Susan Plasencia is a Republican member of the Florida Legislature representing the state's 37th House district, which includes Seminole County and some of Orange County.

Before entering elected office, Plasencia worked as a small business owner and runs the events company behind Festival Calle Orange, an annual Hispanic cultural festival held in downtown Orlando. She is the sister of Rene Plasencia.

==Career==
In 2024, Plasencia was re-elected to a second term, defeating Democratic nominee Nate Douglas.
In the 2025 legislative session, Plasencia sponsored House Bill 351, commonly referred to as the "Super Speeder" bill, which proposed enhanced penalties for drivers convicted of excessive speeding.

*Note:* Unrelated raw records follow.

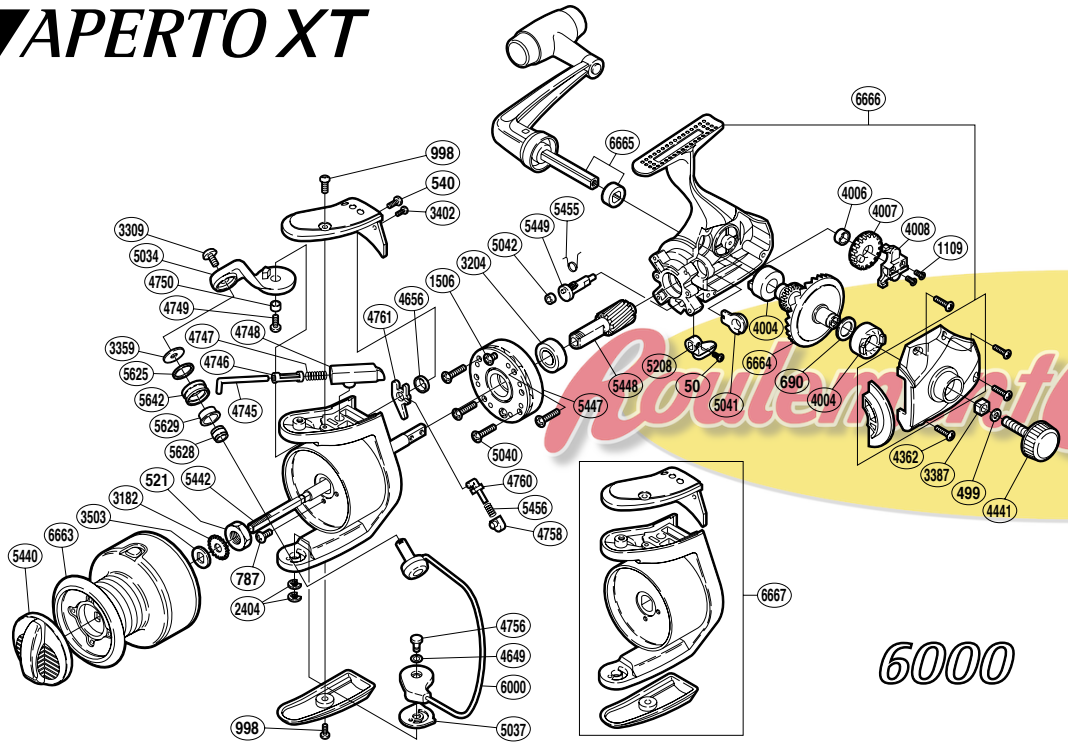

# APERTO XT

RD No.	PARTS NAMES	RD No.	PARTS NAMES	RD No.	PARTS NAMES
0050	Anti-Reverse Lever Screw	4008	Oscillating Slider	5208	Anti-Reverse Lever
0499	Handle Lock Washer	4362	Side Cover Screw	5440	Drag Knob
0521	Rotor Nut	4441	Handle Screw Cap	5442	Main Shaft
0540	Bail Spring Cover Screw (large)	4649	Spacer	5447	Roller Clutch Assembly
0690	Drive Gear Washer	4656	Trip Lever Spacer	5448	Pinion Gear
0787	Nut Lock Screw	4745	Bail Spring Guide (A)	5449	Anti-Reverse Cam
0998	Multi-Purpose Screw	4746	Bail Spring Guide (A) Support	5455	Anti-Reverse Cam Spring
1109	Slider Retainer Screw	4747	Bail Spring	5456	Lever Spring
1506	Clutch Cover Screw	4748	Bail Spring Guide (B)	5625	Line Roller Spacer
2404	"E" Lock	4749	Bail Arm Screw	5628	Line Roller Collar
3182	Spool Support	4750	Bail Arm Bushing	5629	Line Roller Bushing
3204	Ball Bearing	4756	Bail Hold Support Shaft	5642	Line Roller
3309	Line Roller Screw	4758	Lever Spring Guide (B)	6000	Bail Assembly
3359	Line Roller Washer	4760	Lever Spring Guide (A)	6663	Spool Assembly
3387	Handle Screw Lock	4761	Bail Trip Lever	6664	Drive Gear
3402	Bail Spring Cover Screw (small)	5034	Bail Arm	6665	Handle Assembly
3503	Spool Washer	5037	Bail Hold Support Spacer	6666	Body Assembly
4004	Drive Gear Bushing	5040	Roller Clutch Screw	6667	Rotor Assembly
4006	Oscillating Gear Bushing	5041	Bushing		
4007	Oscillating Gear	5042	Anti-Reverse Cam Ring

== Committee assignments ==
During the 2022 to 2024 term, Plasencia served as Vice Chair of the Higher Education Budget Subcommittee and as a member of the Infrastructure Strategies Committee, the Children, Families & Seniors Subcommittee, the Education Quality Subcommittee, the Infrastructure & Tourism Appropriations Subcommittee, and the Postsecondary Education & Workforce Subcommittee.

During the 2024 to 2026 term, she served as Vice Chair of the Health & Human Services Committee and Vice Chair of the Civil Justice & Claims Subcommittee, and as a member of the Rules & Ethics Committee, the Careers & Workforce Subcommittee, the Government Operations Subcommittee, and the Human Services Subcommittee.

== Legislation ==
In the 2023 session, Plasencia was a sponsor, with Representative Kaylee Tuck, of House Bill 1, which expanded eligibility for Florida's school choice scholarship programs to all state residents eligible to enroll in K-12 public school. The bill passed the House by a vote of 83 to 27.

Also in 2023, Plasencia sponsored the House companion to legislation that became the Roller Skating Rink Safety Act, codified at section 768.395, Florida Statutes. The act defines the inherent risks of roller skating and sets out the respective duties of rink operators and skaters, making Florida the twelfth state to adopt such a law.

In the 2025 session, Plasencia sponsored House Bill 223, which would have required nursing homes and assisted living facilities to permit residents to install video and audio monitoring devices in their rooms. The bill drew support from advocates for elderly residents and opposition from nursing home and assisted living industry groups on privacy grounds. The bill died in the Judiciary Committee.